De certeza que, em estado de emergência, seria possível ouvindo na mesma os técnicos, e a Assembleia da República, actuar em 24/48 horas.

Actualmente, é presidente da Mesa da Assembleia Sub-Regional da Ordem dos Médicos. Quais são as principais preocupações que têm chegado à ordem?
A enorme pressão por que estão a passar as estruturas de saúde e os médicos (e também os outros profissionais de saúde), levantam questões de equidade no acesso e tratamento dos doentes não Covid e que será uma das causas do grande aumento da taxa de mortalidade no país.
Infelizmente morrem demasiados doentes com Covid mas também morrem demasiados doentes não Covid por falta de assistência em tempo clinicamente aceitável.
Preocupam muito as condições de trabalho nomeadamente a pressão constante e a sobrecarga.

Foi durante alguns anos presidente da Assembleia Municipal de Santarém. De onde lhe vem esta disposição para a intervenção cívica?
Talvez por ter sensibilidade social e um sentido grande de justiça que resultou da minha educação. Sendo médico a contactar diariamente com pessoas que sempre partilham não só as maleitas, mas também os problemas e as dificuldades da vida, estimulou muito a necessidade de contribuir como cidadão.
Participar e contribuir para a melhoria da qualidade de vida da comunidade que integramos deve ser uma obrigação, mas também um direito de todos.

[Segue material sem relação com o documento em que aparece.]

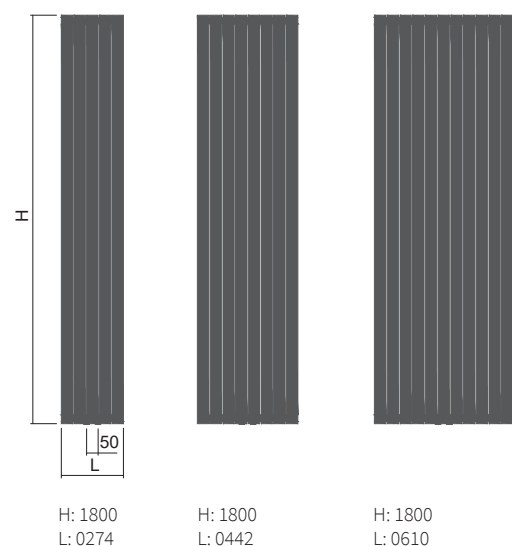

1. Collom Light - silver S05 [64] / 2. Collom Light - anthracite S02 [61]

Modification options

Surface treatment	colour
Height range [mm]	500-2000 (increase of 10)
Length range [mm]	274-946 (increase of 56)
Dimension changes	YES (additional charge of 30 % ¹⁾)
Electric version	NO
Standard connection (SK)	NO
Middle connection (SM)	STANDARD
Side connection (SB)	YES (additional charge)
One-sided into space fixing	NO

Collom Light

Accessories

-  Colour ref. chart
-  Bath. accessories
-  Thermostatic packs

Connection Options

¹⁾ to the nearest larger standard dimension

Height (H)	Length (L) [mm]	Depth (B)	Weight	Water capacity	Temperature exponent	Output 75/65/20°C	Power input	Connection span (Z)	White colour RAL 9016	Electric	Printed motif
code	[mm]	[mm]	[kg]	[l]	[-]	[W]	[W]	[mm]			
DCLL 1800 0274		38	12,5	3,1	1,281	566	-	50	✓	-	✓
DCLL 1800 0442		38	19,5	5,1	1,281	883	-	50	✓	-	✓
DCLL 1800 0610		38	26,5	7,0	1,281	1173	-	50	✓	-	✓

The weight of radiators does not include water and packaging.

Type height (H) / length (L) [mm]

Mounting

Type	X [mm]	A [mm]
Metal brackets	54-64	78-88

Rails

Two-sided brushed stainless steel rails

Length [mm]	Code
298	O15MN81-05
450	O15MN81-06
602	O15MN81-07

Two-sided polished stainless steel rail

Length [mm]	Code
298	O15MN87-05
450	O15MN87-06
602	O15MN87-07

Two-sided rail - painted RAL 9016

Length [mm]	Code
298	O15MN01-05
450	O15MN01-06
602	O15MN01-07

Painted rails are also available in colour variations as per the ISAN colour chart at an extra charge.

Pondera, um dia, regressar à vida política activa?
Embora tenha sido uma experiência humana fantástica, em que conheci muita gente boa, dedicada e competente, não está no meu horizonte regressar.

No centenário de Bernardo Santareno, chegou a ser aventada a possibilidade de atribuir o nome do médico ao Hospital de Santarém. Concorda? Ou o nome do professor doutor José Manuel Pinto Correia, médico especialista em gastroenterologia, nascido em Tremês, seria mais adequado?
Os dois nomes referidos merecem-me o maior respeito e consideração. Lembro ainda o Dr. António Correia de Lima ilustre médico cirurgião que foi director do hospital de Santarém no início da construção do SNS e Director Geral dos Hospitais. foi o grande impulsionador da construção e instalação do novo hospital de Santarém. Acontece que o HDS é dos poucos que não foi agregado em Centro Hospitalar e fica a meu ver muito bem sendo “apenas” Hospital Distrital de Santarém.